_What to produce_
In the entries below, work out how many lines include "intensità", and write only that number.

***** Records for this task

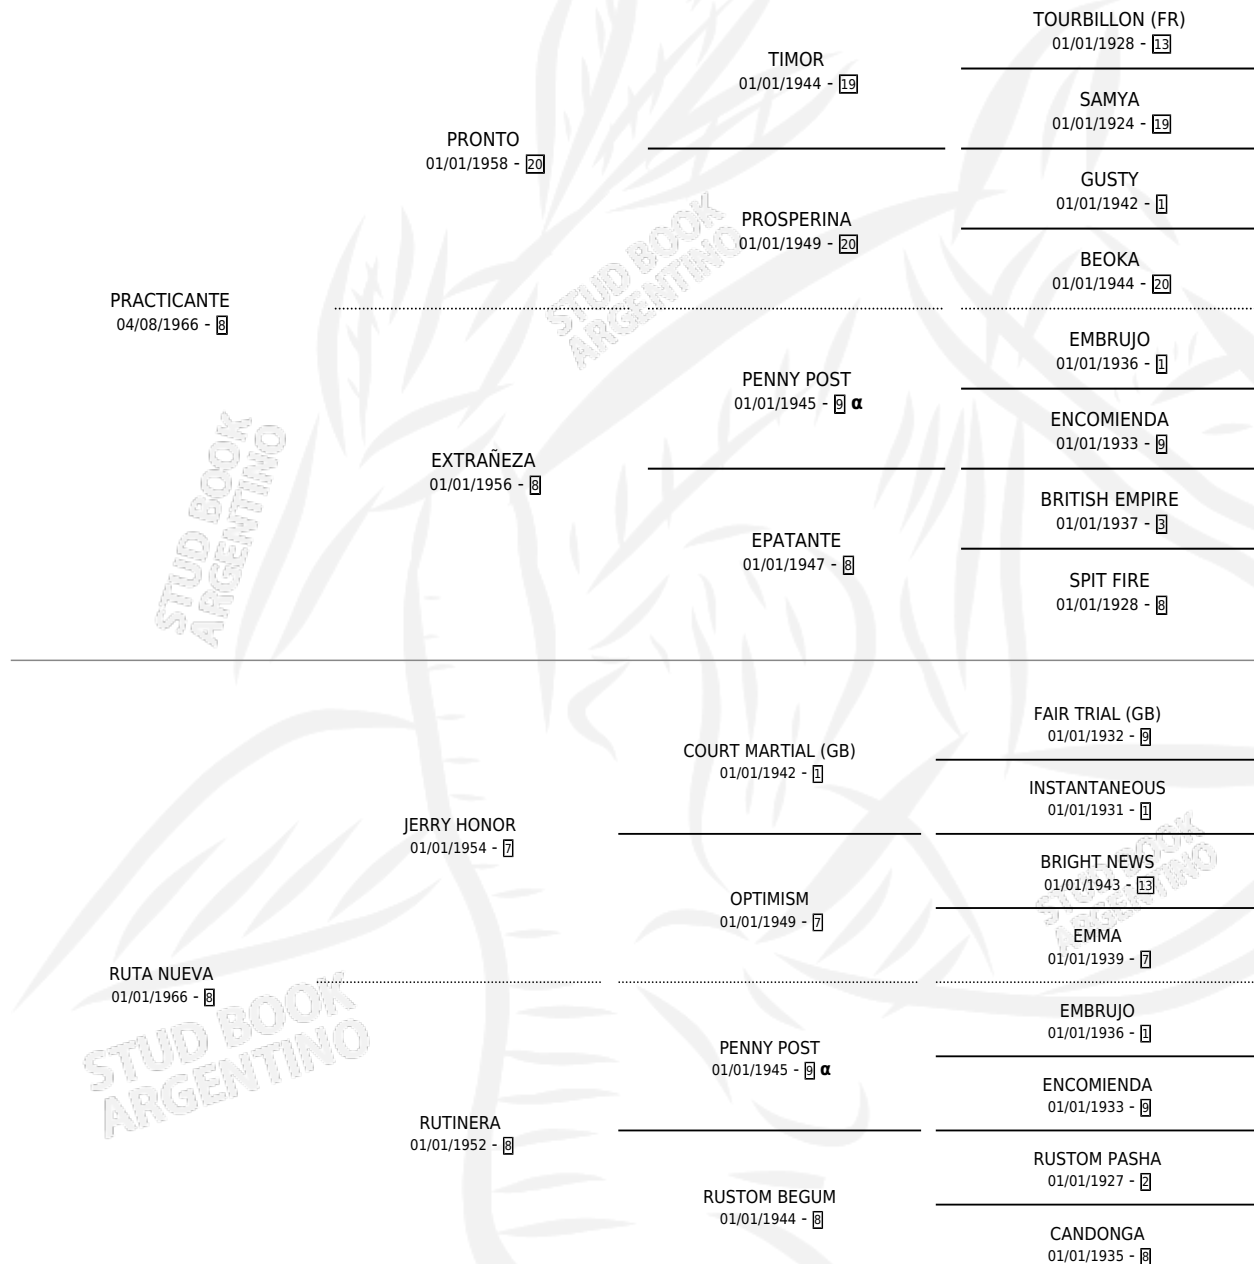

RUTANTE

por PRACTICANTE y RUTA NUEVA por JERRY HONOR

Argentina · Hembra · Tordillo · SP · 01/01/1975
Familia 8-g · Volumen 29

ESTADO

TIPIFICACIÓN SANGUÍNEA	X
TIPIFICACIÓN POR ADN	X
PASAPORTE	X
IDENTIFICACIÓN POR MICROCHIP	X
REPRODUCTOR	✓

Lugar de nacimiento: Campo particular

Criador: Sin dato

~

HIJOS

	MACHOS	HEMBRAS
5 NACIERON	3	2
4 CORRIERON	3	1
3 GANARON	3	0
0 GANADORES CL	0 GANADORES GR	0 GANADORES G1

PEDIGREE

INBREEDING : α

CAMPAÑA

Solo carreras oficiales de Argentina

POR EDAD

EDAD	CC	1°	2°	3°	4°	5°	NP	CLC	CLG	CLCG1	CLGG1	IMPORTE	GANANCIA / CC
4 AÑOS	1	1	0	0	0	0	0	0	0	0	0	\$0	\$0
6 AÑOS	1	1	0	0	0	0	0	0	0	0	0	\$0	\$0
TOTALES	2	2	0	0	0	0	0	0	0	0	0	\$0	\$0
%		100%	0.0%	0.0%	0.0%	0.0%	0.0%	0.0%	0.0%	0.0%	0.0%		
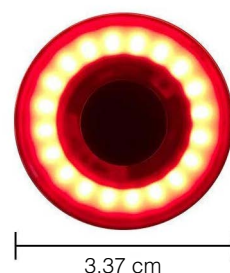

FANALINO XLITE 100

X-Lite 100 è il nuovo rivoluzionario fanalino con oscilloscopio, che permette un aumento dell'intensità della luce al momento della frenata.

- Corpo resistente in alluminio lavorato CNC;
- Sensore di frenata: aumenta l'intensità della luce al momento della frenata;
- Due modalità di operatività: manuale e automatica. La modalità automatica consente in autonomia l'accensione e lo spegnimento del fanalino in base alla luminosità rilevata ed è utile per risparmiare energia;
- Certificazione d'impermeabilità IPX6;
- LED COB a disposizione circolare;
- Modalità fissa e 2 modalità di intermittenza;
- Ricaricabile micro USB;
- Attacco per telaio sella e attacco per reggisella inclusi nella confezione;
- Peso: 32 g (solo fanalino), 42 g (fanalino con attacco sella);

**********

_Your response_
2